Its possible that its chaotic character was the result of the regulatory fine print defined by its legislative authorization. I have only one direct experience with the well-intentioned CMS personnel. My consultant connection with CMS involved a large project for Medicare. This project had been defined by Congress with an ultimately meaningless value to CMS for the roll-out of its Part D Benefit Plan.

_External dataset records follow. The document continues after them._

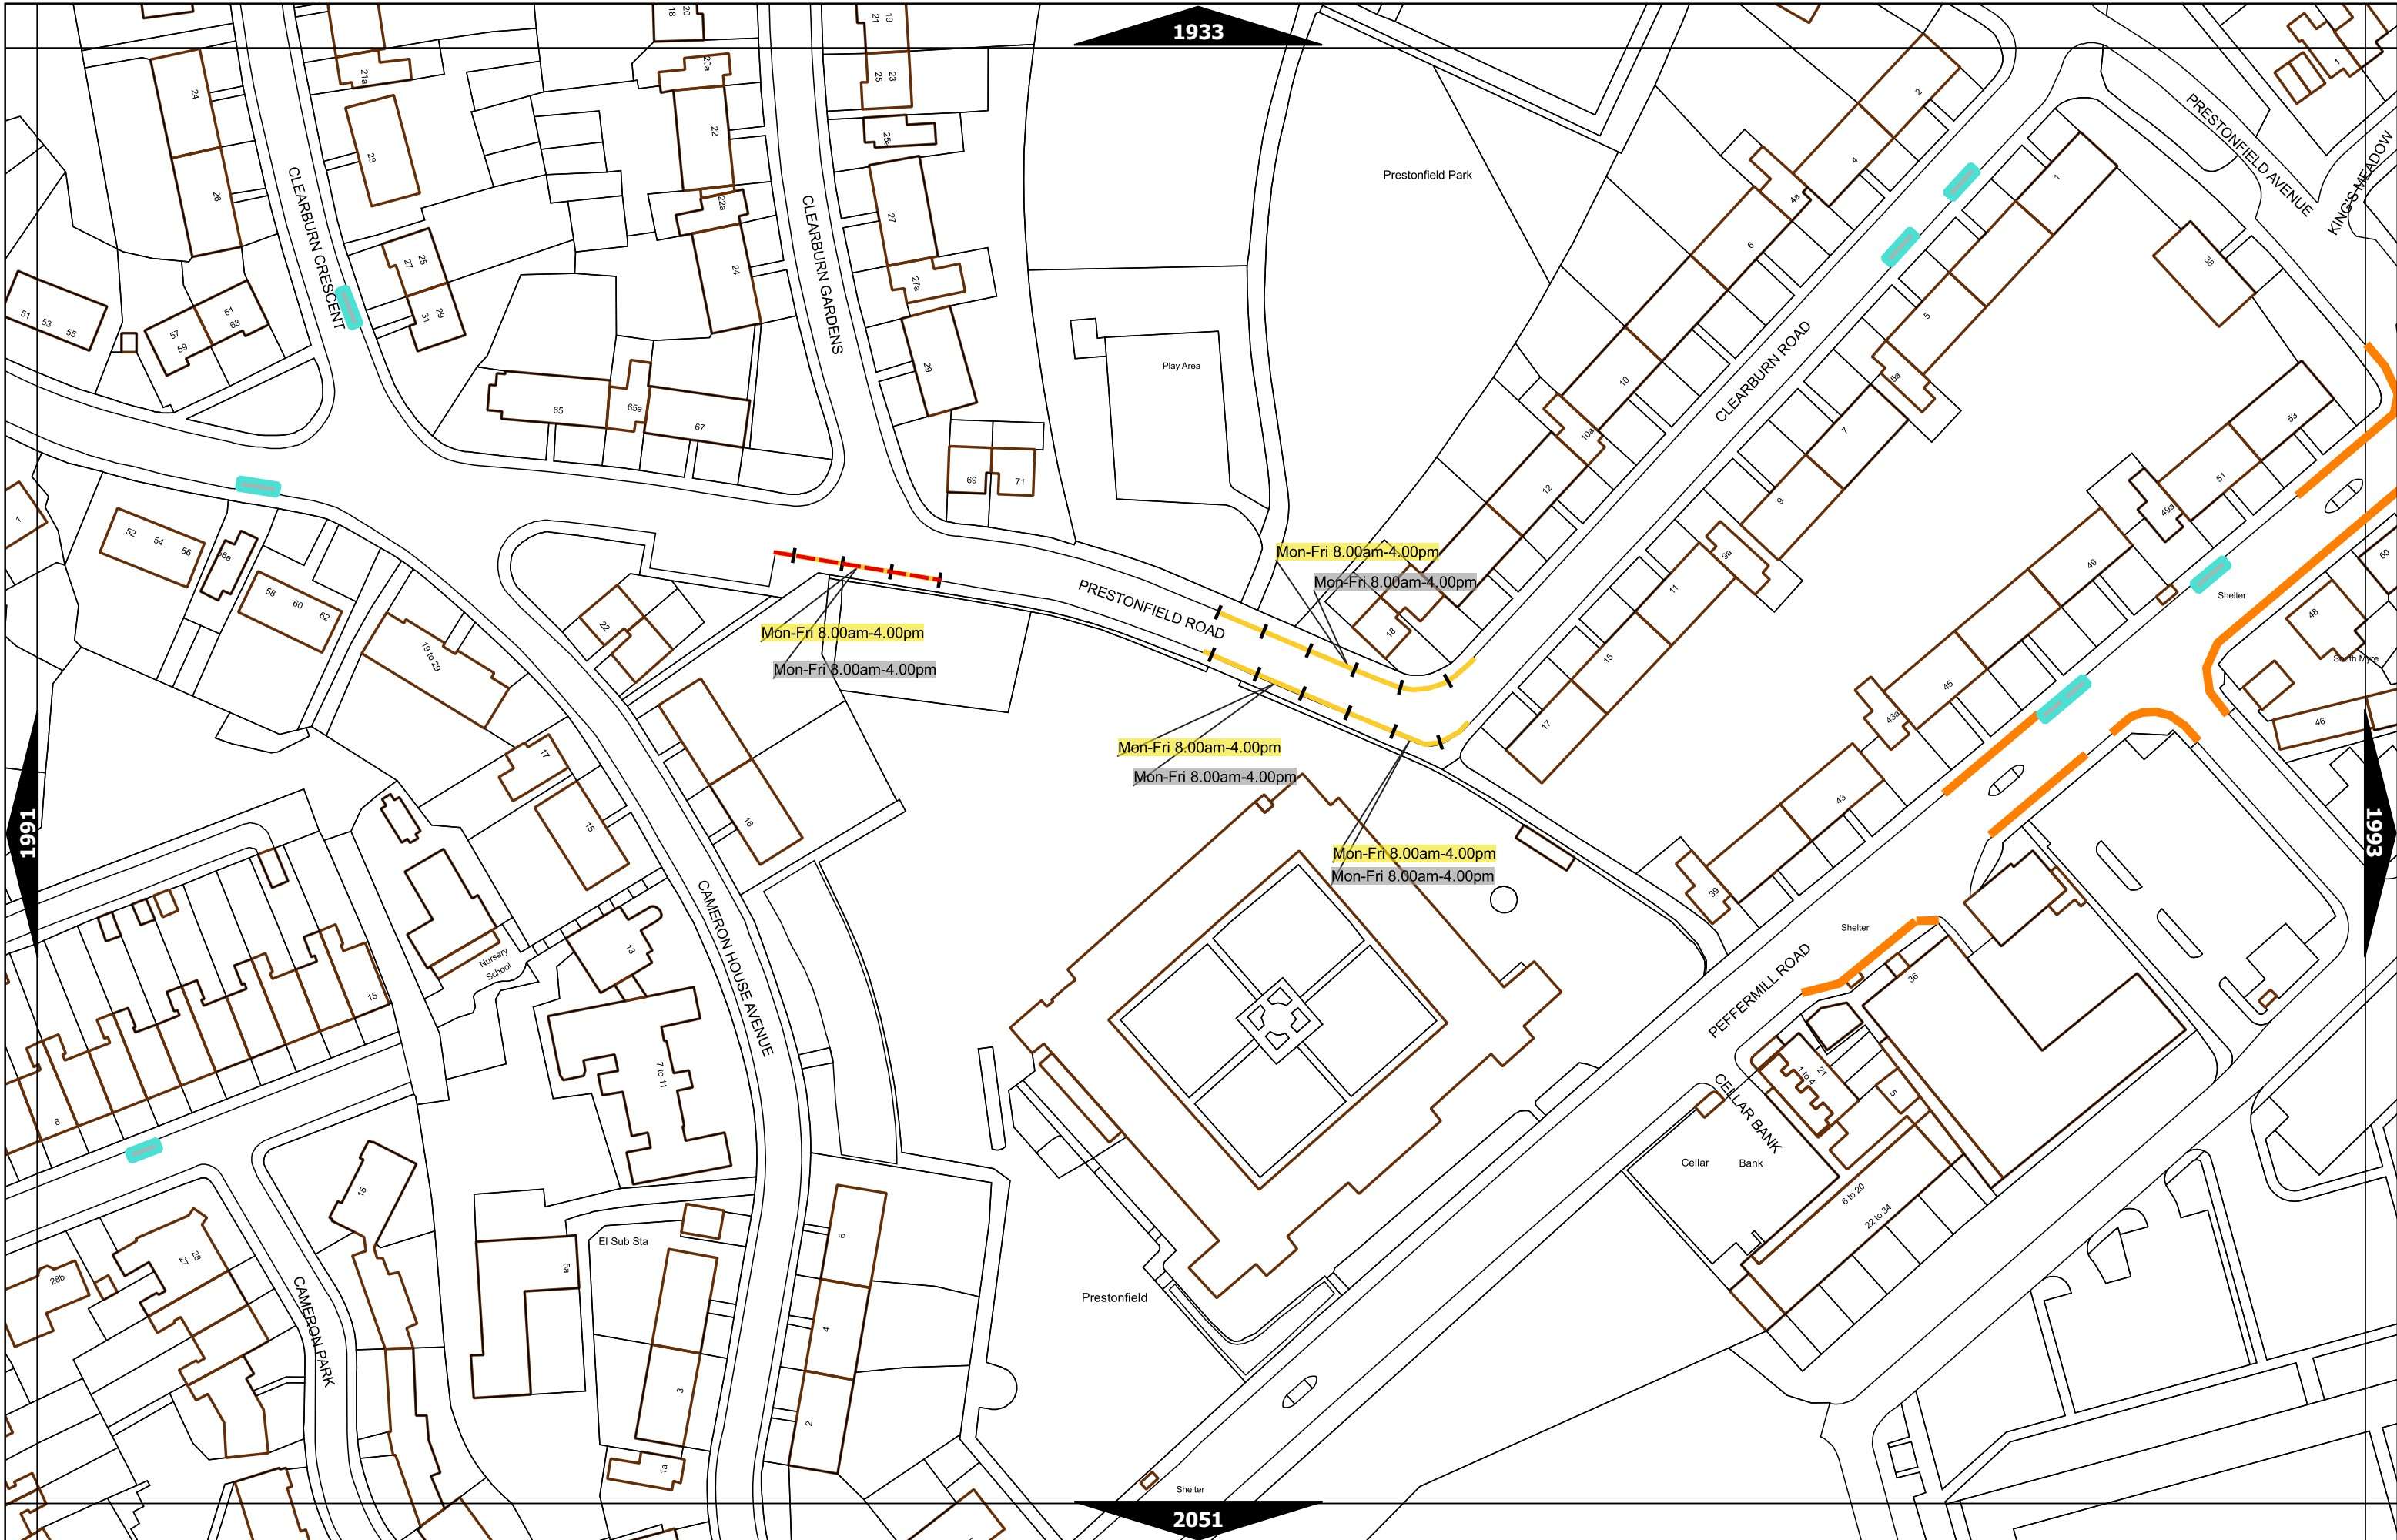

Scale at A3	1:1000
Print Date	09-May-2022
Map Tile	1856
Revision	2
Status	PROPOSED

Scale at A3	1:1000
Print Date	09-May-2022
Map Tile	1859
Revision	3
Status	PROPOSED

Scale at A3	1:1000
Print Date	09-May-2022
Map Tile	1868
Revision	7
Status	PROPOSED

N ▲	Scale at A3	1:1000
	Print Date	09-May-2022
	Map Tile	1916
	Revision	3
	Status	PROPOSED

Scale at A3	1:1000
Print Date	09-May-2022
Map Tile	1917
Revision	3
Status	PROPOSED

Scale at A3	1:1000
Print Date	09-May-2022
Map Tile	1992
Revision	3
Status	PROPOSED
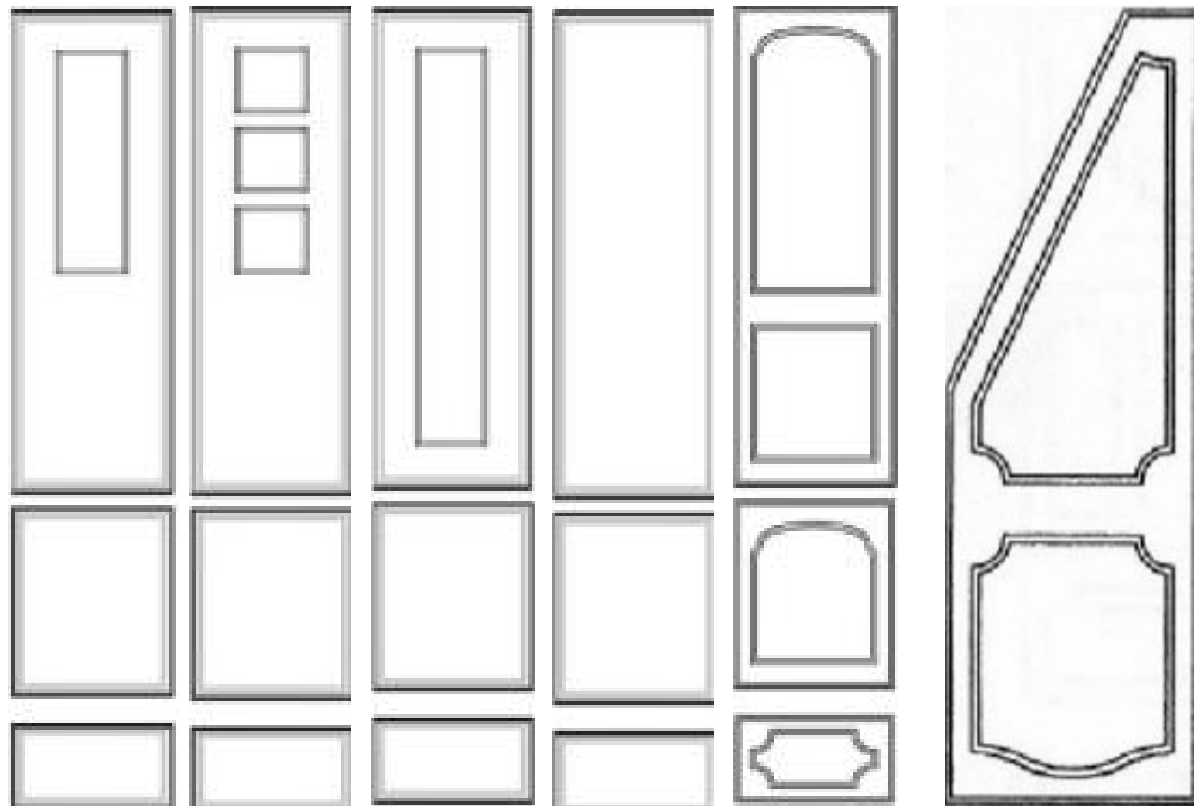

# Door Rout Styles 2

Quad

Shaker

Sherwood

Cathedral

Square

Trident

Twin
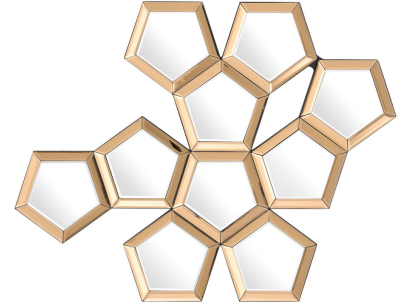

EICHHOLTZ

EST. 1992

SPECIFICATION SHEET

Item no.	109971
Item description	Mirror Cheyenne Rose mirror glass
Suitable for	Indoor use/dry locations only
Net weight (kg)	9.8
Net weight (lbs)	21.6

DIMENSIONS

Dimensions (cm)	W. 101 D. 3.5 H. 87 cm
Dimensions (inch)	W. 39.76" D. 1.38" H. 34.25"

MATERIALS

109971	Mirror Cheyenne Mirror glass MDF
--------	---------------------------------------

SPECIFICATIONS

Assembly required?	No assembly required
Hanging method	French cleat, horizontal

LOGISTIC INFORMATION
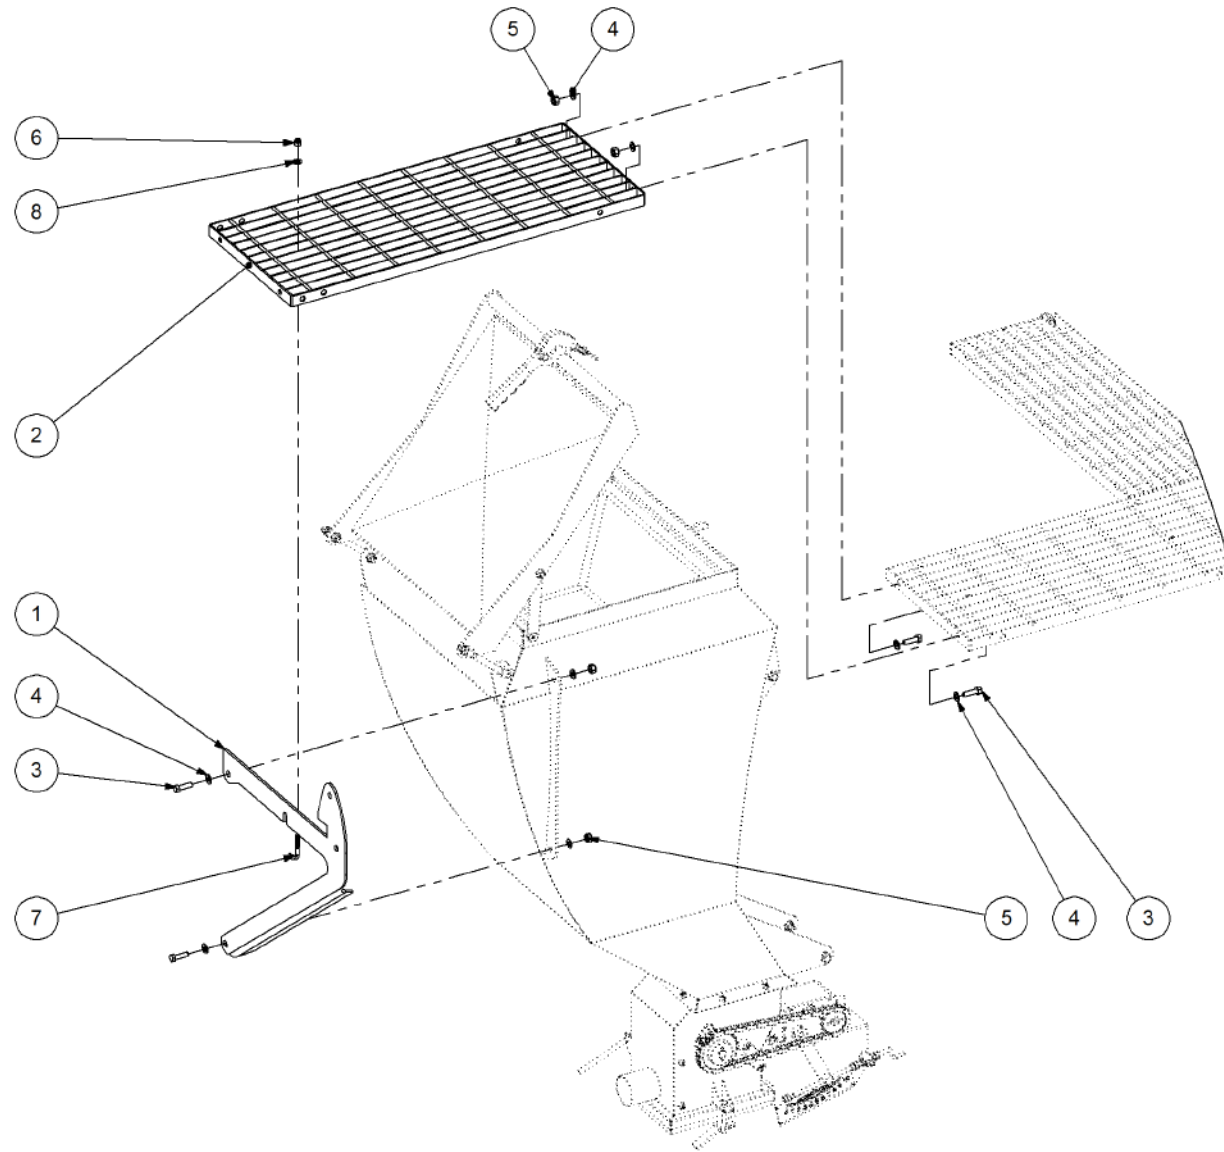

P/N 201225215 SSB Walkway Kit - 225L

Key	Part Number	Description	Qty
1	201200019	Walkway Bracket	1
2	193333820	Walkway Panel	1
3	000100325	Bolt Hex Hd 3/8" UNC x 1-1/4"	4
4	035110191	Flat Washer 3/8" ID	8
5	030130101	Nut 3/8" UNC Nyloc	4
6	080120800	Nut M8 Nyloc	1
7	057080000	J Bolt M8	1
8	085108000	Flat Washer 8 ID	1

Key	Part Number	Description	Qty
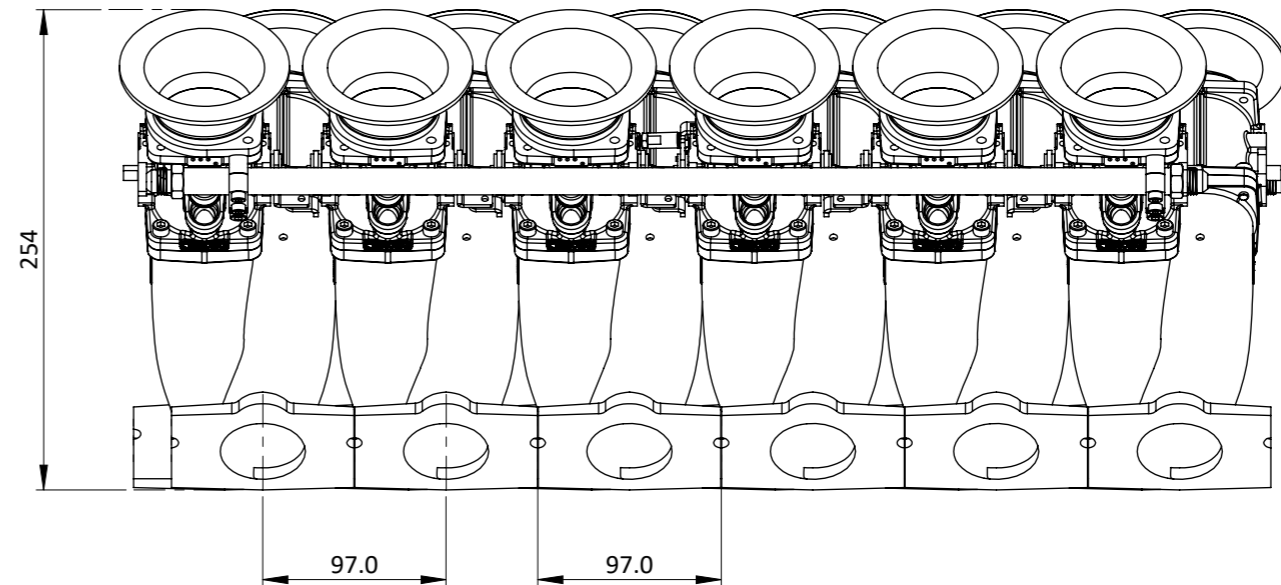

CKMM10-1 - MERCEDES V12 (ZONDA) KIT

Engineered to win

Frame: 1 of 1

Version: 3

Tel 01746 768810

Web WWW.JENVEY.CO.UK

© JENVEY DYNAMICS LTD. 2021

SF individual throttle body kit for the Pagani Zonda / Mercedes M120 V12. Made to order.

Interesting. I’ve looked at utilization patterns in the Medicaid population and there’s an argument to be made that the people who are highest cost — and thus hitting the hospital — also are not seeking primary care, which would make attribution difficult at best. It’s also true that traditional primary care is not well geared to handle the needs of the highest cost patients, particularly up in the top 5 percent. That takes a system. Your points are thus well taken. CMS has traditionally had difficult getting a handle on the characteristics of their highest cost populations and how to identify them and then how to incentivize the development of delivery systems to meet their needs. Your article affirms that maybe ACO redesign should look toward hospitals and getting them to develop and anchor population health management programs and systems. For which they have the most financial wherewithal and incentives, given that, at least in California, the big non-profit delivery systems lose bucketloads of money on Medicare (and Medicaid).